INFORMATION PROVIDED -
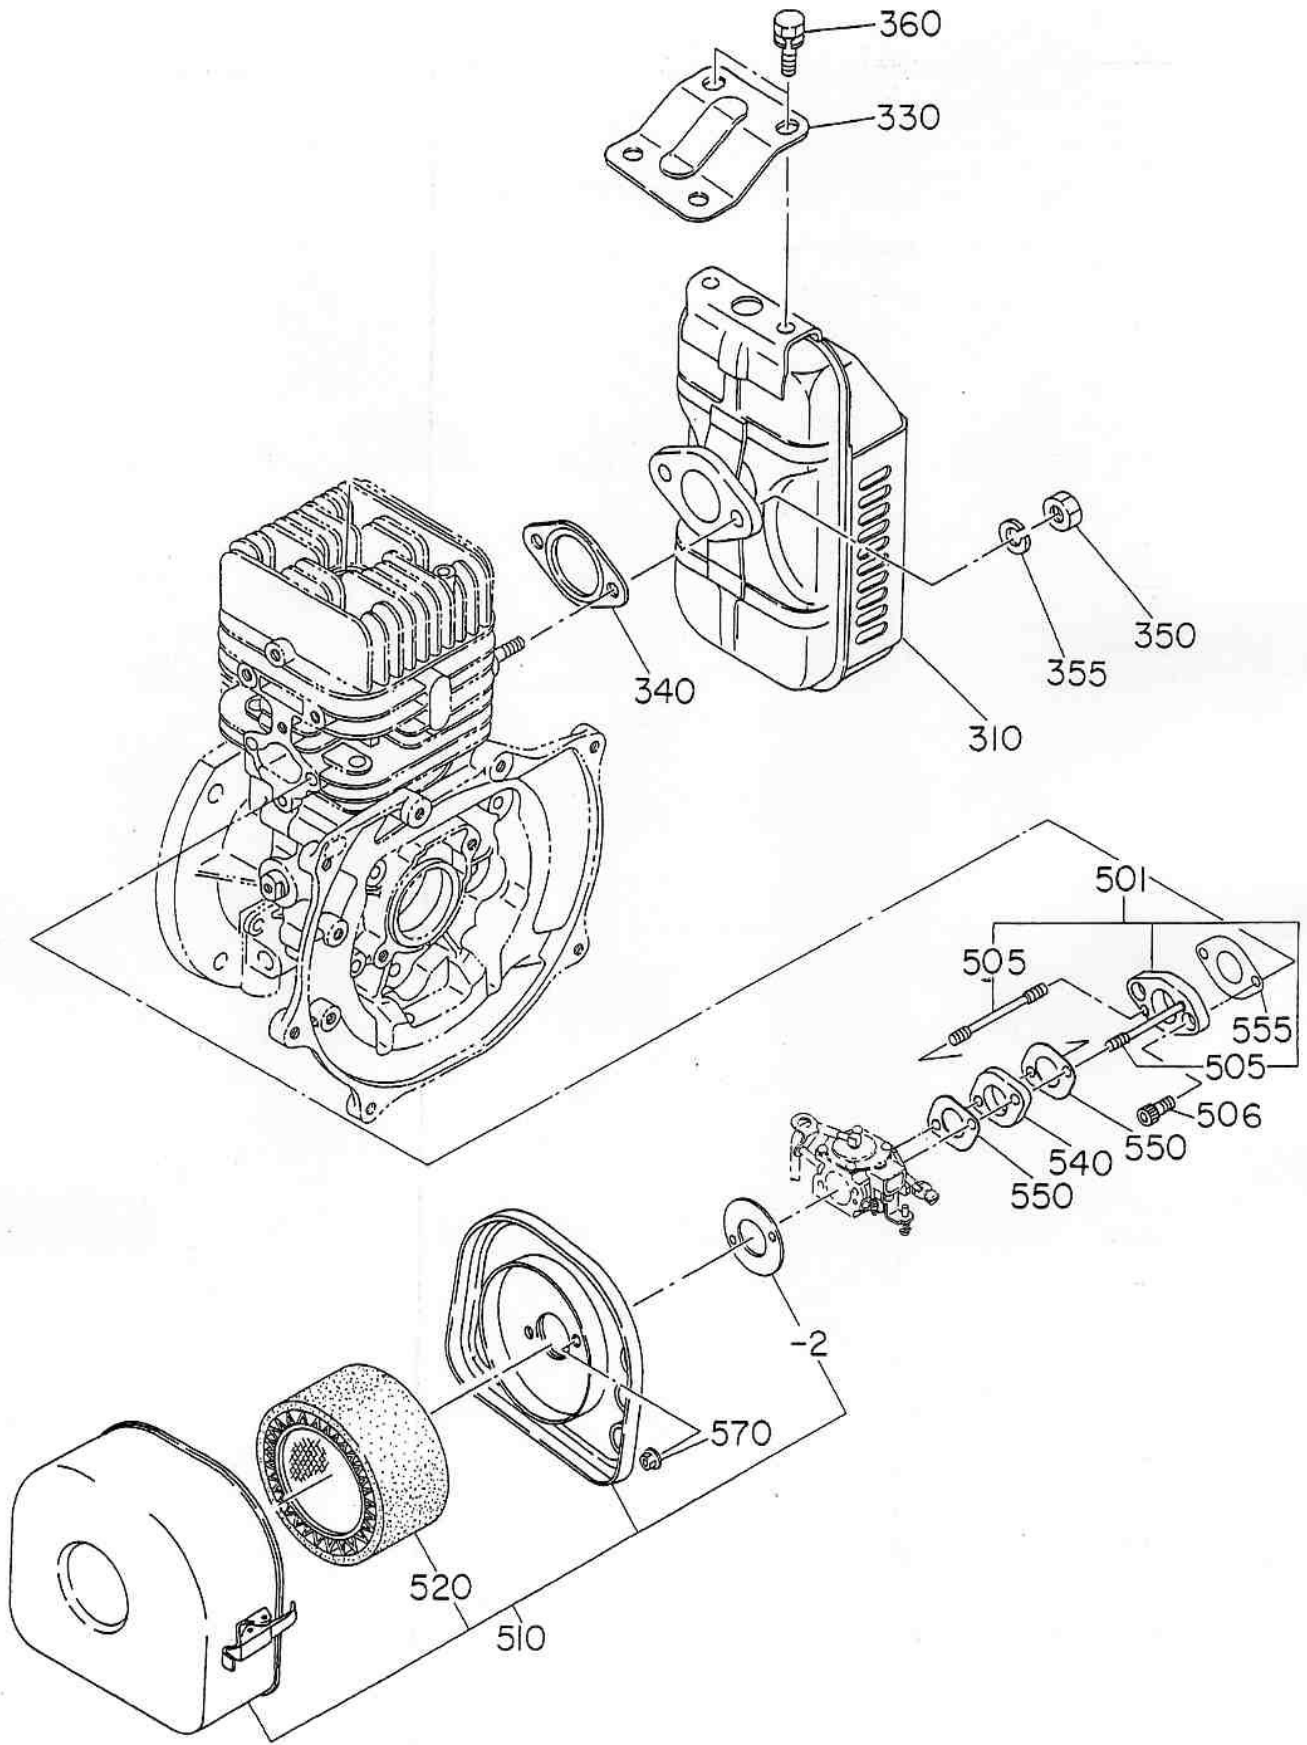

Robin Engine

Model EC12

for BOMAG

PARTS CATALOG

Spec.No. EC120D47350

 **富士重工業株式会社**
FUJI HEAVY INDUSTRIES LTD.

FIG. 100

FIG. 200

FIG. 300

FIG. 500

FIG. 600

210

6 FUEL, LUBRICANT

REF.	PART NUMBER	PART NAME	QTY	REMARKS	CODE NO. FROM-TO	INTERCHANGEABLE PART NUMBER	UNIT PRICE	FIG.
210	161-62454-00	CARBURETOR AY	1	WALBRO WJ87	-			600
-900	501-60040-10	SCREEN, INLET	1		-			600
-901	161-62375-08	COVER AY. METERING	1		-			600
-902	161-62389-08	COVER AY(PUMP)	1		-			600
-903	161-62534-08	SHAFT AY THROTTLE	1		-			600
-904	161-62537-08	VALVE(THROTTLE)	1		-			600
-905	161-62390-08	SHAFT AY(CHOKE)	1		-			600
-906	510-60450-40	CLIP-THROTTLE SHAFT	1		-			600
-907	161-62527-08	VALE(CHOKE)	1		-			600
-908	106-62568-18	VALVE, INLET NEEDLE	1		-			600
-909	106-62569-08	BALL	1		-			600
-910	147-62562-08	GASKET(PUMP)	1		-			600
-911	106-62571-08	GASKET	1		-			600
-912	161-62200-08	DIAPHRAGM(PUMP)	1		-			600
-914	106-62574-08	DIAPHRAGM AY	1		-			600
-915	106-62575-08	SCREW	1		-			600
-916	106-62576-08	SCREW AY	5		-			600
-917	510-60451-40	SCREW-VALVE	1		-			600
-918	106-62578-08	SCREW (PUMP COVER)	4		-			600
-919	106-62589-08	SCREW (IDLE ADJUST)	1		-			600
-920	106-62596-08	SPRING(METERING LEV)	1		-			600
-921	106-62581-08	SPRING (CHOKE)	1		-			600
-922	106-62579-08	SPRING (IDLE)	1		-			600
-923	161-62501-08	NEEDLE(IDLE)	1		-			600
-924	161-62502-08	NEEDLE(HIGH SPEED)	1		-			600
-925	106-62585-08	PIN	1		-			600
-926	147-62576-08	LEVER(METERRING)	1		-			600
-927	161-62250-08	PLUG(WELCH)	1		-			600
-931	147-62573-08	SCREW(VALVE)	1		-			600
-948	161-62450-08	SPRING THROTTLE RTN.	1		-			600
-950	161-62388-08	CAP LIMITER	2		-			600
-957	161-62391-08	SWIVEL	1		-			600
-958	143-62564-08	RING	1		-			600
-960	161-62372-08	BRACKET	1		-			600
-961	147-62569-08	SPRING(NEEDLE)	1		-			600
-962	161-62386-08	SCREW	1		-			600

WHAT IS BEING ASKED - Where in the records above does the word "IDLE" appear? Copy each line that holds it.

EXPECTED OUTPUT -
-919	106-62589-08	SCREW (IDLE ADJUST)	1		-			600
-922	106-62579-08	SPRING (IDLE)	1		-			600
-923	161-62501-08	NEEDLE(IDLE)	1		-			600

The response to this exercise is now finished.